While reading this explanation on lvalues and rvalues, these lines of code stuck out to me:
int& foo();
foo() = 42; // OK, foo() is an lvalue
int &foo();
declares a function called foo()
with return type int&
. If you call this function without providing a body then you are likely to get an undefined reference error.
In your second attempt you provided a function int foo()
. This has a different return type to the function declared by int& foo();
. So you have two declarations of the same foo
that don't match, which violates the One Definition Rule causing undefined behaviour (no diagnostic required).
For something that works, take out the local function declaration. They can lead to silent undefined behaviour as you have seen. Instead, only use function declarations outside of any function. Your program could look like:
int &foo()
{
static int i = 2;
return i;
}
int main()
{
++foo();
std::cout << foo() << '\n';
}
In that context the & means a reference - so foo returns a reference to an int, rather than an int.
I'm not sure if you'd have worked with pointers yet, but it's a similar idea, you're not actually returning the value out of the function - instead you're passing the information needed to find the location in memory where that int is.
So to summarize you're not assigning a value to a function call - you're using a function to get a reference, and then assigning the value being referenced to a new value. It's easy to think everything happens at once, but in reality the computer does everything in a precise order.
If you're wondering - the reason you're getting a segfault is because you're returning a numeric literal '2' - so it's the exact error you'd get if you were to define a const int and then try to modify its value.
If you haven't learned about pointers and dynamic memory yet then I'd recommend that first as there's a few concepts that I think are hard to understand unless you're learning them all at once.
int& foo();
is a function returning a reference to int
. Your provided function returns int
without reference.
You may do
int& foo()
{
static int i = 42;
return i;
}
int main()
{
int& foo();
foo() = 42;
}
int & foo();
means that foo()
returns a reference to a variable.
Consider this code:
#include <iostream>
int k = 0;
int &foo()
{
return k;
}
int main(int argc,char **argv)
{
k = 4;
foo() = 5;
std::cout << "k=" << k << "\n";
return 0;
}
This code prints:
$ ./a.out k=5
Because foo()
returns a reference to the global variable k
.
In your revised code, you are casting the returned value to a reference, which is then invalid.

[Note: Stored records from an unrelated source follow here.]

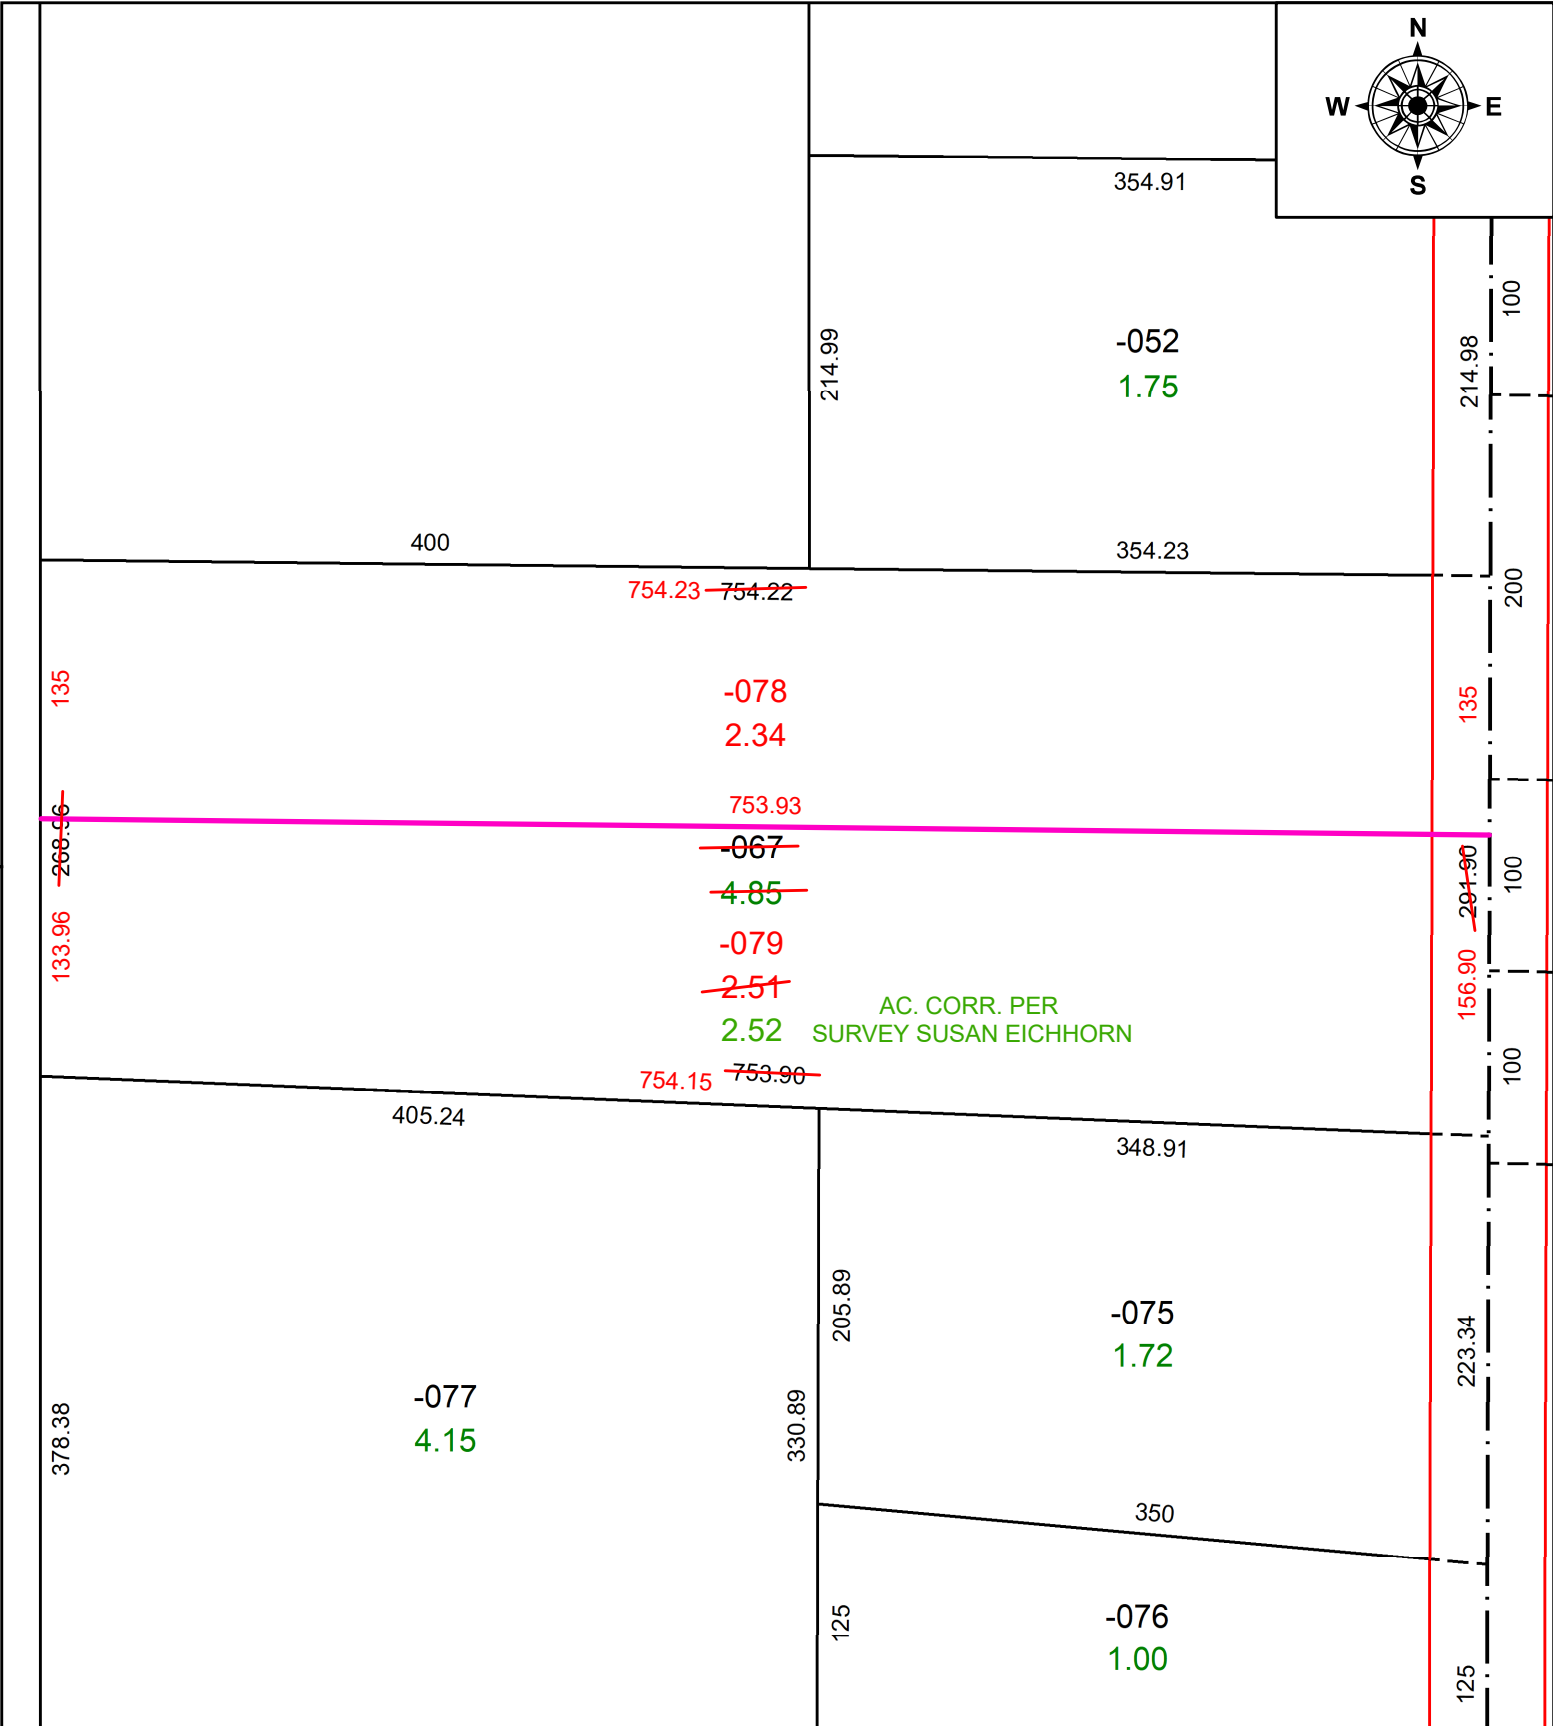

PARENT PARCEL: 11-00-085-000-067

CHILD PARCEL: 11-00-085-000-078 & -079

STARTING POINT: CL OF ROYALTON RD. & S. DURKEE RD.

22-04505

SPLITS/DEEDS PROCESSED
 LORAIN COUNTY TAX MAP DEPARTMENT
 226 MIDDLE AVE. ELYRIA, OH

SURVEYED BY: SUSAN EICHHORN
 CLOSURE: 1: 684295
 MAP PAGE(S): 11-00-085
 APPROVED BY: DMA DATE: 6/15/2022
 SCALE: 1" = 100' PRIOR INSTRUMENT: 2017-0653933
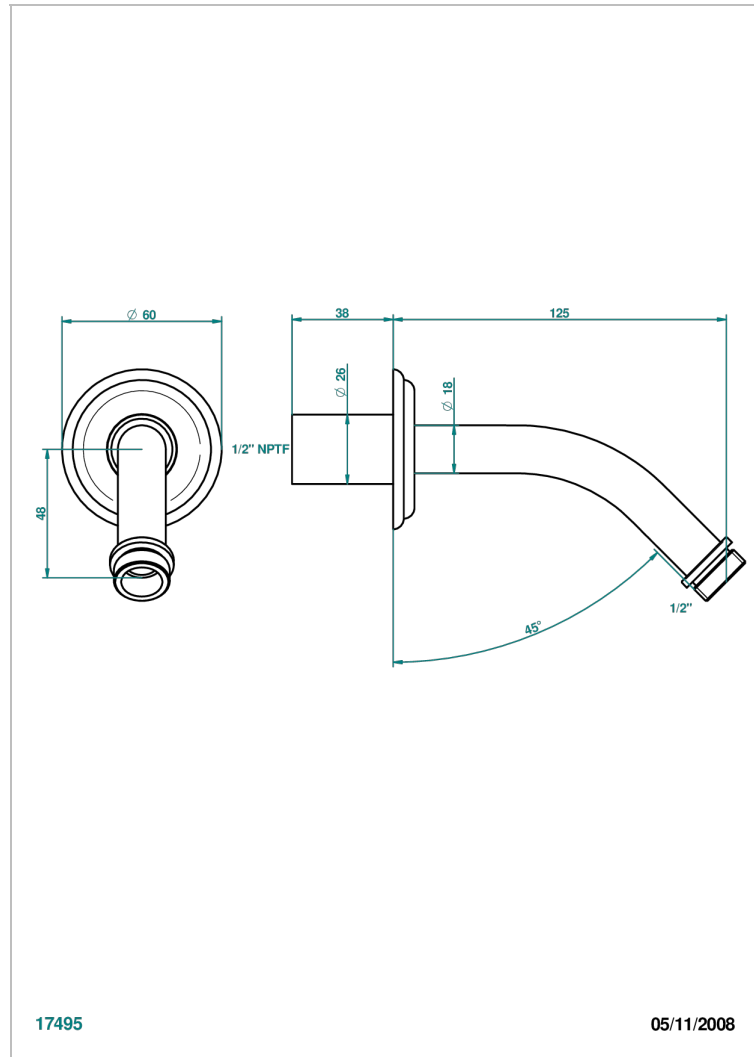

# AMBOISE RED JASPER

A1L-82/US

Horizontal shower arm, 45°, lg: 4" 3/4

17495

05/11/2008

## CHARACTERISTIC

- Amboise Red Jasper
- Horizontal shower arm, 45°, lg: 4" 3/4
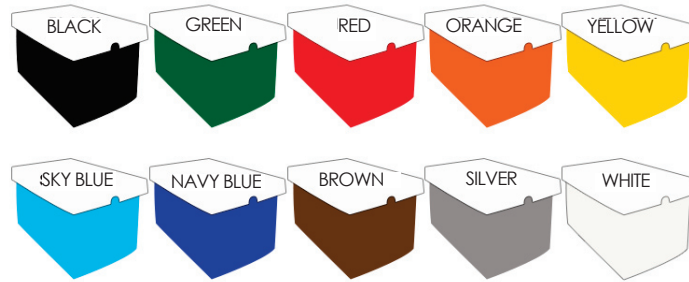

## Opaque Stock Colors

All opaque stock colors are available in 2mm, 3mm, and 4mm gage.

## Semi-translucent Colors

Natural (frosted clear) is a stock color. Pink, Baby Blue, and Mint Green are only available for special order, please call for details.

ASI 74540  
PPAI 261583  
UPIC: numatech

2006 COLORS

The example code at the linked page is just a dummy function declaration. It does not compile, but if you had some function defined, it would work generally. The example meant "If you had a function with this signature, you could use it like that".
In your example, foo
is clearly returning an lvalue based on the signature, but you return an rvalue that is converted to an lvalue. This clearly is determined to fail. You could do:
int& foo()
{
static int x;
return x;
}
and would succeed by changing the value of x, when saying:
foo() = 10;
All the other answers declare a static inside the function. I think that might confuse you, so take a look at this:
int& highest(int & i, int & j)
{
if (i > j)
{
return i;
}
return j;
}
int main()
{
int a{ 3};
int b{ 4 };
highest(a, b) = 11;
return 0;
}
Because highest()
returns a reference, you can assign a value to it. When this runs, b
will be changed to 11. If you changed the initialization so that a
was, say, 8, then a
would be changed to 11. This is some code that might actually serve a purpose, unlike the other examples.